Published government guidance indicates an intention for principal designers and principal contractors to be also the same under CDM and the BRAE Regulations. They may not be willing to undertake dual roles in practice, however, given the potential financial and criminal sanctions available for non-compliance, 
which can include:

  • criminal convictions involving: unlimited fines and up to two years imprisonment;
  • unforeseen project costs and delays following contravention notices being issued requiring the removal or rectification of building work; and the refusal of building control approval and completion certificates; and
  • civil liability for financial losses arising from breaches of CDM and the BRAE Regulations.

Civil action under CDM and BRAE Regulations

Civil action to recover financial losses cannot be pursued against dutyholders by non-employees for breach of CDM alone, unless the breach concerns duties set out in the following sections of CDM:

  • 9(1)(b);          
  • 13(6) and (7); 
  • 16;     
  • 22(1)(c) and (l);
  • 25(1), (2) and (4);
  • 26 to 44; and 
  • Schedule 2.

In principle, section 38 of the Building Act 1984 (the BA) separately enables a party to take civil action against a dutyholder to recover financial losses incurred as a result of breaches of building regulations. This would include the BRAE Regulations.

However, section 38 of the BA is not yet in force. Despite the passage of 40 years, no regulations have ever been laid to bring this section of the BA into force, and there is currently no indication when they will. Without section 38, there are no clear means by which a statutory cause of action can be pursued against a dutyholder for breaches of the BRAE Regulations alone.  

There are alternative means by which civil action for damages could be successfully pursued against a dutyholder following breaches of CDM and the BRAE Regulations, including:

  • in statute – if the dutyholder’s breaches also contravene other legislation under which a statutory cause of action is pursuable (for example under the Defective Premises Act 1972); 
  • in contract – if a dutyholder breached express or implied contractual obligations to comply with either or both statutory instruments and doing so caused the other contracting party to suffer recoverable financial loss; and 
  • in negligence – if the dutyholder owed a party a duty of care at common law, which extended to an obligation to protect that party from financial losses incurred as a result of the dutyholder’s breaches.
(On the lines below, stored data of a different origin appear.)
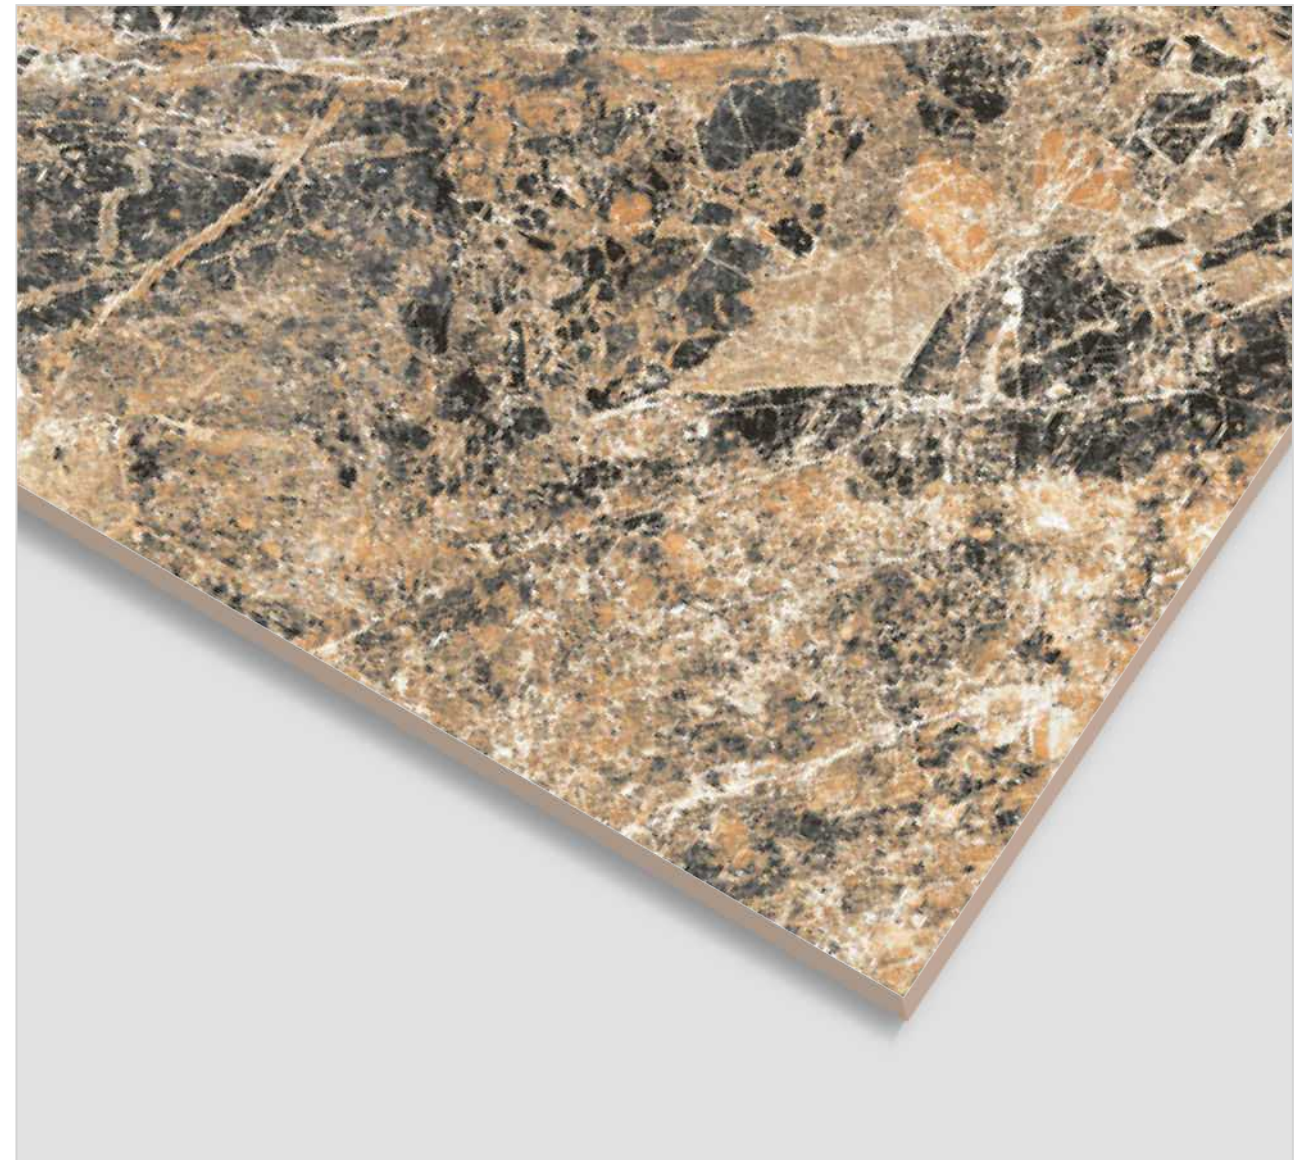

CLASSIC EMPRADOR

FINISH
Glossy

RANDOM
2
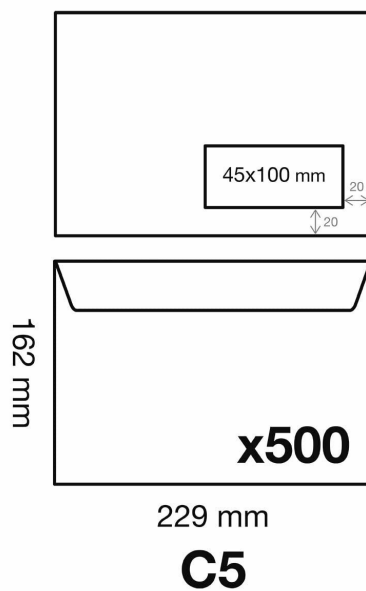

Stan

Nowy

Zdjęcia

It will be substantially more difficult for a party to establish a claim in negligence against a dutyholder without any contractual relationship.
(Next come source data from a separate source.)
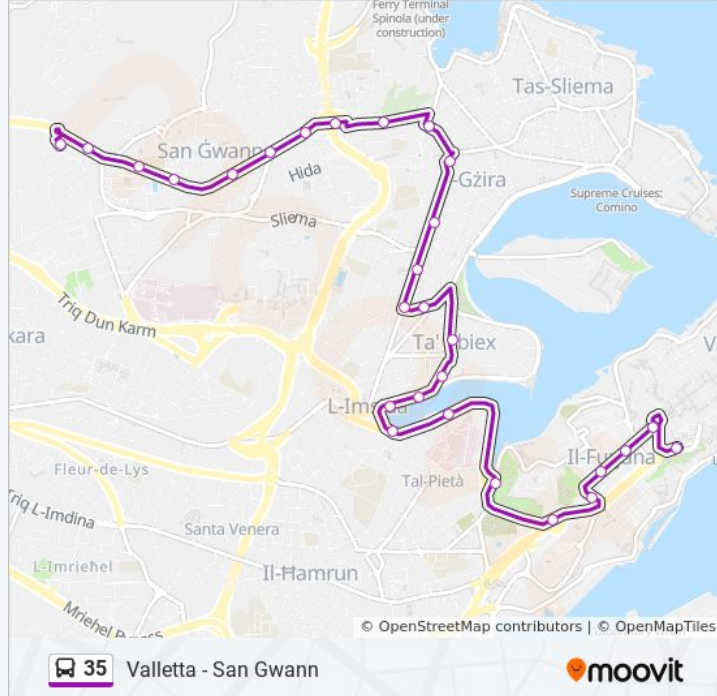

Usa Moovit per trovare le fermate della linea bus 35 più vicine a te e scoprire quando passerà il prossimo mezzo della linea bus 35

Direzione: Valletta

28 fermate

[VISUALIZZA GLI ORARI DELLA LINEA](#)

- Hgejjeg
- Xwieki
- Busuttil
- Balal
- Gwann
- Kuncizzjoni
- Bibla
- Mayr
- Romero
- Mrabat
- Leyland
- Vilhena
- Rizzo
- Imperu
- Enrico
- Qoton
- Rigord
- Xatt
- Ġnien
- Kullegg
- Marina

Fermate: 28

Durata del tragitto: 19 min

La linea in sintesi:

Pieta

Bombi 1

Sarrija

Mall

Publiju

Valletta 18

Valletta B4

Direzione: Valletta - San Gwann - Valletta

42 fermate

[VISUALIZZA GLI ORARI DELLA LINEA](#)

Valletta B4

Floriani C

Bombi 4

Informazioni sulla linea bus 35

Direzione: Valletta - San Gwann - Valletta

Fermate: 42

Durata del tragitto: 33 min

La linea in sintesi:

Balal

Gwann

Kuncizzjoni
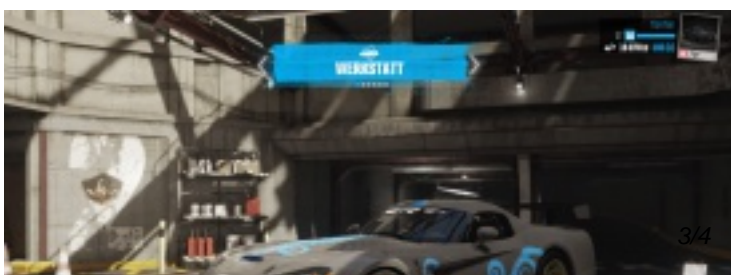

Screenshots "The Crew"

Sie sind hier: [Bildergalerie](#) / [Screenshots "The Crew"](#) / [Renntuning](#)
Renn tuning TheCrew erhältlich ab Level 40

Chevrolet Camaro SS

Dodge Challenger 2011

Ford SVT Raptor

Ford Fokus

2011 Ford Mustang GT

2013 Nissan 370Z Z34

Chevrolet Camaro RS 1996

RUF 3400K

Lamborghini Huracan LP 610-4 (992.67 kB)

Nissan Skyline GT-R (R43) (954.9 kB)

<http://www.flo-und-co-produktion.de/de/?cid=8&pdfview=1§ion=gallery>
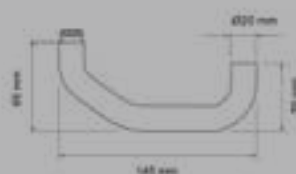

Farbe:
Kosmos Schwarz

Farbe:
Edelstahl matt

Material:
Edelstahl
Zertifizierung:
Feuerschutz
Notausgangverschlüsse
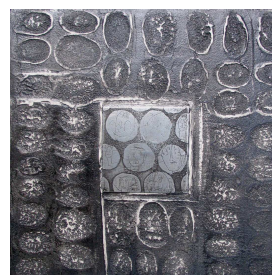

HELGA SAUVAGEOT

OBJEKT SKULPTUR

STANDPUNKTE

Ausstellungsdauer:
Öffnungszeiten:

vom 29. Mai bis 16. Juni 2013
Mittwoch bis Freitag 16 bis 18 Uhr
Sonntag von 15 bis 18 Uhr

artgalerie am schloss
Schlossgasse 3, 76887 Bad Bergzabern
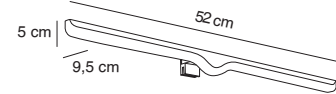

7665 Cromo / Chrome
Negro Mate **85 €**

CE	6000K	880lm	12W	IP44	230-50hz
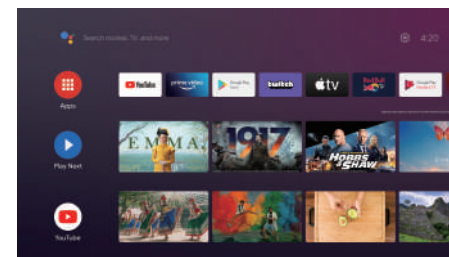

ANDROID TV Android TV

Android TV™ usnadňuje lepší využití vašeho televizoru. Vyberte si z více než 400 000 filmů a pořadů z různých streamovacích služeb. Požádejte Google, aby ovládal váš televizor, dostával doporučení, co dívat, ztlumil světla a podobně. Přenášejte fotografie, videa a hudbu ze chytrých zařízení do televizoru s vestavěným Chromecast™.

Consequently, it is common for construction contracts – including the JCT and NEC suites of standard form contracts – to make compliance with CDM and applicable building regulations a contractual (as well as statutory) obligation, so that there is a separate means by which civil action can be taken to recover losses in the absence of any available statutory cause of action. 
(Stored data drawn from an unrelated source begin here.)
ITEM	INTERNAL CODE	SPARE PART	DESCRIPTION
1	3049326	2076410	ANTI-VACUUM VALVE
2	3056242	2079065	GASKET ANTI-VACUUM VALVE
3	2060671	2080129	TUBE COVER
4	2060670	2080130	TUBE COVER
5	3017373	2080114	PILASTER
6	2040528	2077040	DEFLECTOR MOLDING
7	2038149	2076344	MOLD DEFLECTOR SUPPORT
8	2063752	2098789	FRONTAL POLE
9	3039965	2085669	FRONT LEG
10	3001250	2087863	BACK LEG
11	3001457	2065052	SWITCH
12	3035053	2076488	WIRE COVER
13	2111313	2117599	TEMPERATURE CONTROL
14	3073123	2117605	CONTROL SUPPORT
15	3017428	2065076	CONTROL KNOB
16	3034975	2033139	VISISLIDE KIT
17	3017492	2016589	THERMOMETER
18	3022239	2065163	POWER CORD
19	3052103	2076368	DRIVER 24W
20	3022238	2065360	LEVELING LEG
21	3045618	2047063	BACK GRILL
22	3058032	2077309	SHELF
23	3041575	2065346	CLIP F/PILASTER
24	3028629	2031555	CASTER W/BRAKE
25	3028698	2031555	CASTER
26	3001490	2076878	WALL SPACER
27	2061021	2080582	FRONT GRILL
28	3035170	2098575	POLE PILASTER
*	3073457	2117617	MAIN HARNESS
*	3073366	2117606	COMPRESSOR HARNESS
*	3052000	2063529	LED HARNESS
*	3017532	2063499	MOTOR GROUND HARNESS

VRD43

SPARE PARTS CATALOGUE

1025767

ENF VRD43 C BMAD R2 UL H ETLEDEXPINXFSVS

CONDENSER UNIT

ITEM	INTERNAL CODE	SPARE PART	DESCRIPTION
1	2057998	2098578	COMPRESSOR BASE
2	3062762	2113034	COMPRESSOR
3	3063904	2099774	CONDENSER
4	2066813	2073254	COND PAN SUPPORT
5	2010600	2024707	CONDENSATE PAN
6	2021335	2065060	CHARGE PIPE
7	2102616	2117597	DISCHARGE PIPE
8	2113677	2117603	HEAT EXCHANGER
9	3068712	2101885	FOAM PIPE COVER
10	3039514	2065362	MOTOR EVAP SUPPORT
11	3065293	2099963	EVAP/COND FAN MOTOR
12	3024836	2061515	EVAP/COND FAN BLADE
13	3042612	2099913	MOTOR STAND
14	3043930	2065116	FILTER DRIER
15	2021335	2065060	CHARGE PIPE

Key takeaway for dutyholders

If a dutyholder owes statutory obligations under CDM and the BRAE Regulations, it should be alive to the fact it could now find itself in a position where it is simultaneously liable for damages in a civil cause of action (particularly if it is contractually required to comply with those obligations) and criminally prosecuted by the HSE under both sets of legislation.   

All dutyholders will benefit from taking proactive steps to ensure their exposure to risk is better understood and mitigated on each construction project they embark upon. This may include revisiting insurances to ensure that they properly indemnify against any such risk, and ensuring that future construction contracts accurately record intended obligations under both statutory instruments. 

Tim Hillier is a partner and Olivia Jenkins is a senior associate at Trowers & Hamlins.